The Propulsion team performed their first flight test with the tandem tilt rotor prototype last Saturday. Unfortunately, the test failed and they burnt the 4 servos on left nacelle. They found that the power wires were in the wrong places and too much power was put into the servos. The replacement servos were on back order, so Propulsion ordered different servos that have less torque. They will work on replacing the servos for the next flight test.
The Mechanical Design team continued their FEA testing and determined that the electronics housing fails at 2 meters. They also performed a successful drop test on the frame after fixing a Solidworks model issue. The diagonal truss wasn’t fitted or mated into the holes of the joint so after correctly the components, Solidworks was able to mesh the model and perform a FEA test. Mechanical Design finish an iteration of fuselage that fits the newest frame. Lastly, the team is still working on designing the wing connector hub joint that will secure the wing spar assembly.
Fabrication has been working on the wing assembly. They added filler to the leading edges of the wings and prepped the wings for monokoting and wiring.
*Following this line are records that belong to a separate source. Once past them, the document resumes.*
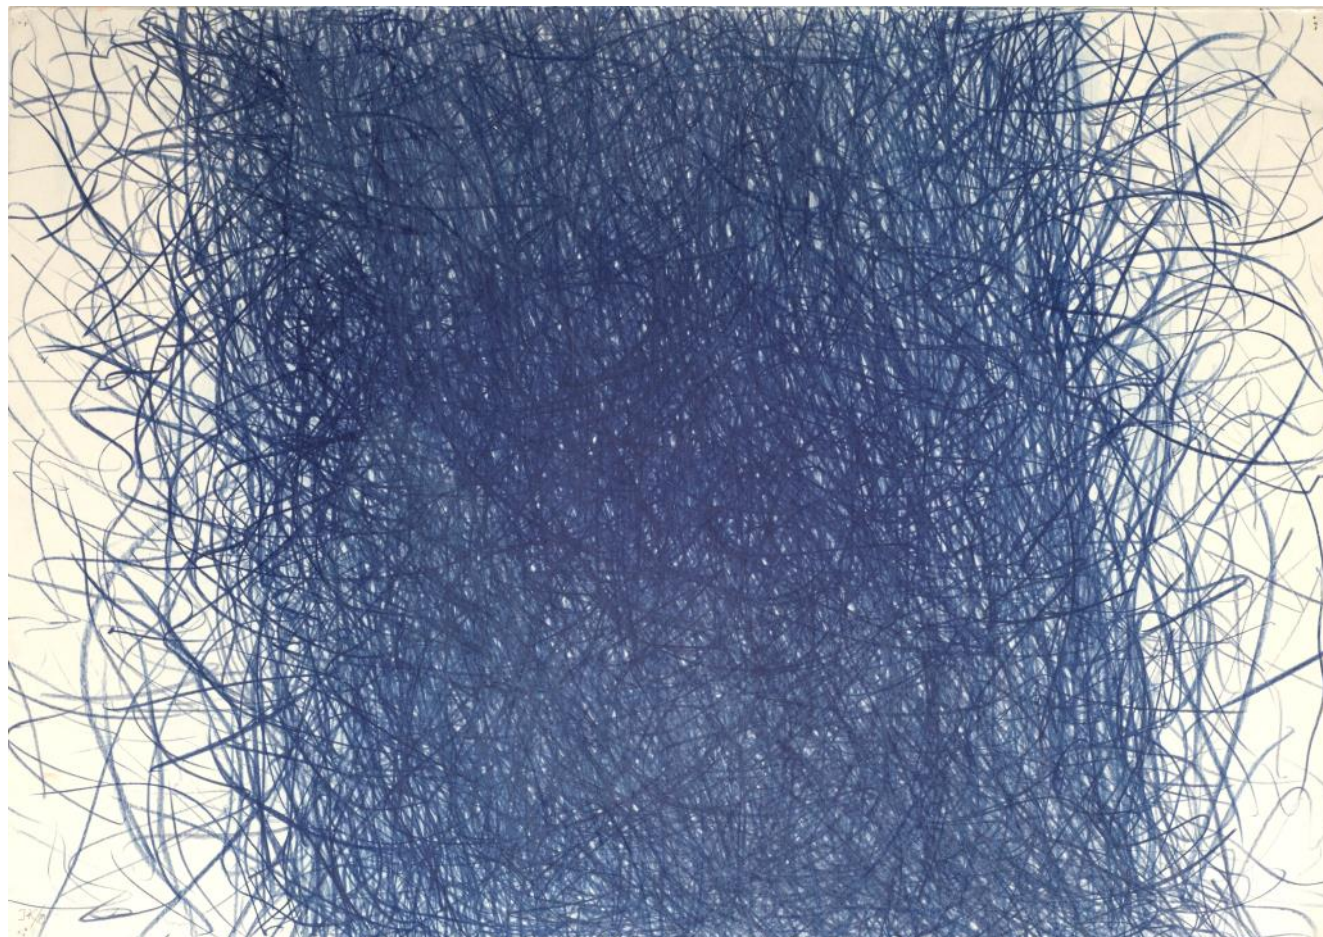

*Niebieski zapis (Fragment III)*

*Registration in Blue (Fragment III)*

1980

kedka, papier / colored pencil, paper

100 x 70 cm

**Jarosław Kozłowski**

*Niebieski zapis (Fragment V)*  
*Registration in Blue (Fragment V)*

1980

kedka, papier / colored pencil, paper

100 x 70 cm

**Jarosław Kozłowski**

z serii *Recycled News II* („Kayhan”)

from the *Recycled News II* series („Kayhan”)

2006

2 części, akwarela, gazeta

For next week, the team is prepping all the control surfaces. Fabrication has also began manufacturing the plane’s fuselage.
Ground Station is continuing their research on MAVLink. They found it is more difficult to create their own network code so they are seeking help from other open-source ground station programs, such as APM Planner and QGroundControl. They are analyzing how these programs interface with MAVLink. The Pixhawk won’t know the difference in the codes used by different program (so as long as they are using the same language and syntax). Ground Station is also designing a new database that uses the new functions they’ve created in the past, seen in the picture above. Team lead Jordan credits that his class experience in CompSci 122, Data Management, has aided him in his work.
Avionics is working on the analyzing the code that the Pixhawk is outputting. They found some function call chains such as control_*, which can control 9 or 10 different flight mode files. They also problem solving the sonar data by using “if” statements to check whether the data is within a sensible range. Avionics has fixed the critical tilt-rotor wiring issue. Three heli servos and 1 tilt rotor servo burnt out because the 5-volt and 25-volt wires got switched to the wrong pins. The team is also started prototyping and testing their switching circuit design and the battery bus. The switching circuit is for the tilt rotor control system in general. Lastly, Avionics presented a video from Youtube of their ideal obstacle avoidance system. The sonar is pointing downwards to read altitudes but Avionics wants to modify the code so that when the sonar is pointed frontward, it can read sideways altitude.